陈默手里的潜水装备“啪”地掉在甲板上,声音在死寂的湖面上炸开。他张着嘴,喉咙里发出嗬嗬的声响,像是被人掐住了脖子:“陆……陆所长?”
萧策没动。她死死盯着那只手,瞳孔缩到了极致。那串阴沉木珠子是陆霜的贴身物件,五年前他失踪时就戴着,珠子表面有一道明显的裂纹,那是他在三星堆考古时被落石砸出来的。
现在,那道裂纹还在。
但手是冷的。
隔着十几米的水雾,萧策甚至能感觉到那股从水底渗上来的寒气,不是水温低,是一种带着腐朽味的阴冷,像刚从冰柜里拖出来的冻肉。

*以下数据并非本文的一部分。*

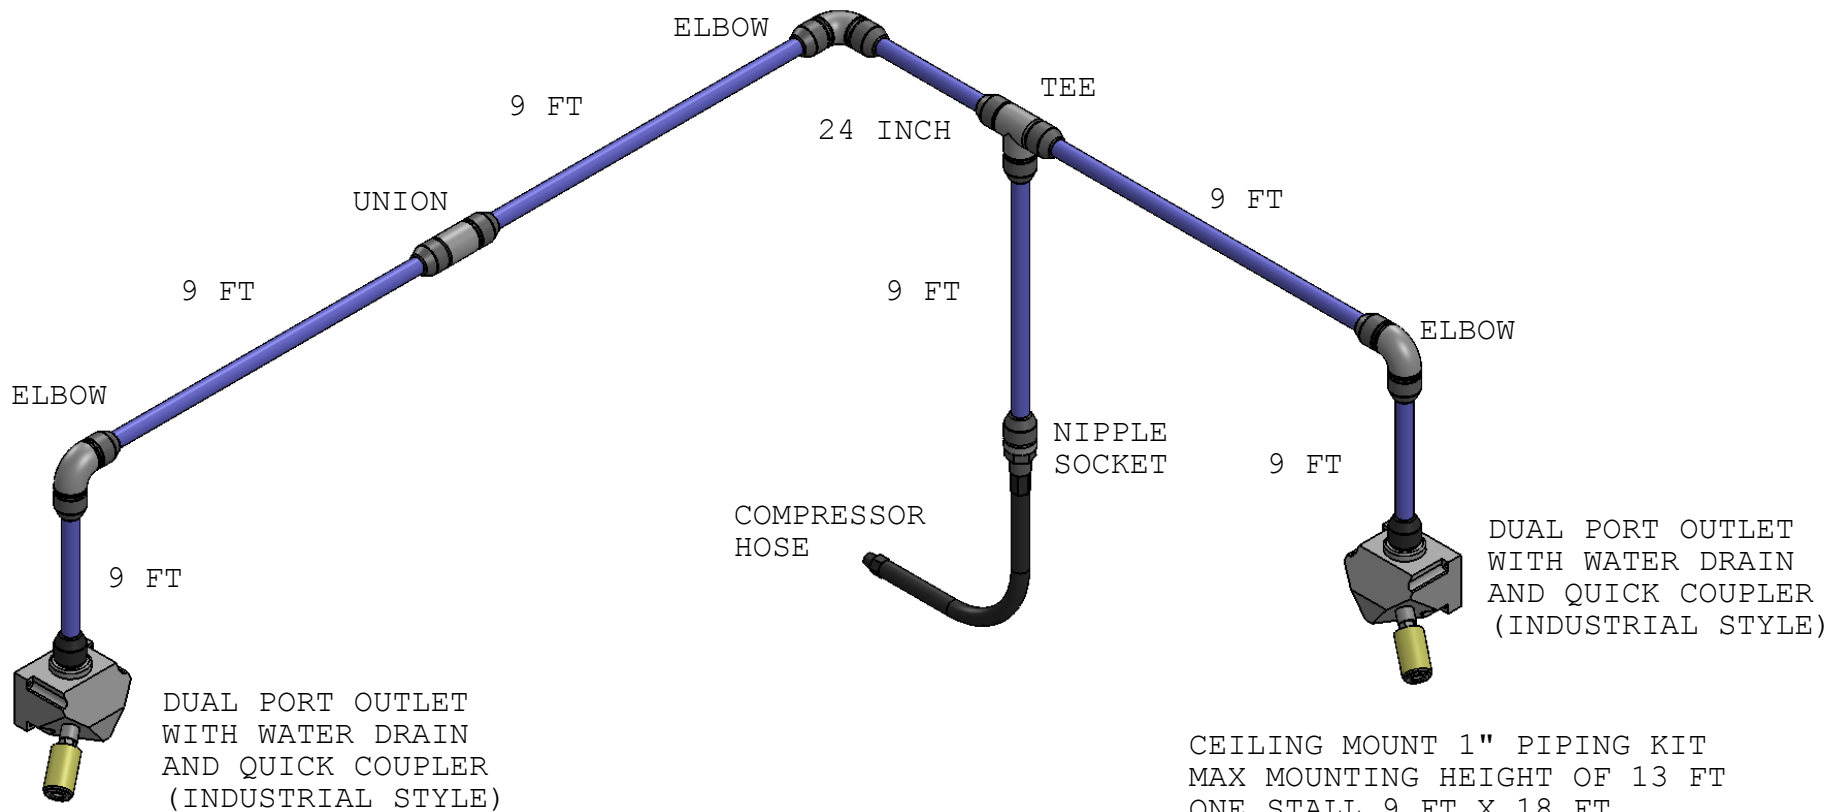

CEILING MOUNT 1" PIPING KIT
MAX MOUNTING HEIGHT OF 13 FT
ONE STALL 9 FT X 18 FT
PART NUMBER AC-CM2

QTY	PART NUMBER	DESCRIPTION
6	2810 2063	1" PIPE 9 FT
1	2810 2064	1" PIPE 2 FT
3	2810 2003	1" ELBOW
1	2810 2005	1" TEE
1	2810 2003	1" UNION
13	2810 2122	1" PIPE MOUNT CLIP
1	2810 2018	1" NIPPLE X 3/4 MNPT
2	2810 2024	DUAL PORT OUTLET
1	50212	3/4 X 2 FOOT HOSE
2	D-2FM2-B	QUICK COUPLER
1	D-2M2	COUPLER NIPPLE MALE
1	D-2FF2	COUPLER NIPPLE FEMALE
2	50136	1/2 NPT HEX PLUG

ENGINEERED SPECIALTIES, LLC
RAPIDAIR PRODUCTS
WWW.RAPIDAIRPRODUCTS.COM
PH 800-954-3310
EMAIL: INFO@RAPIDAIRPRODUCTS.COM
3-2011

“别动。”辰爻突然伸手按住萧策的肩膀。她的手劲极大,指尖像铁钳一样扣进萧策的工装夹克里,“那东西不是活的。”
萧策猛地转头,眼神冷得像刀:“你什么意思?”
辰爻没看她,只是从帆布包里抽出一根荧光棒,咔嚓一声掰断,扔进水里。绿色的光晕在水面散开,照亮了那只手下面的东西。
那不是陆霜的身体。
是一具穿着潜水服的尸体,手腕上套着那串珠子,手里还紧紧攥着半截断裂的氧气管。尸体泡得发胀,脸已经烂得看不清五官,但脖颈上挂着的金属铭牌在荧光下反着光。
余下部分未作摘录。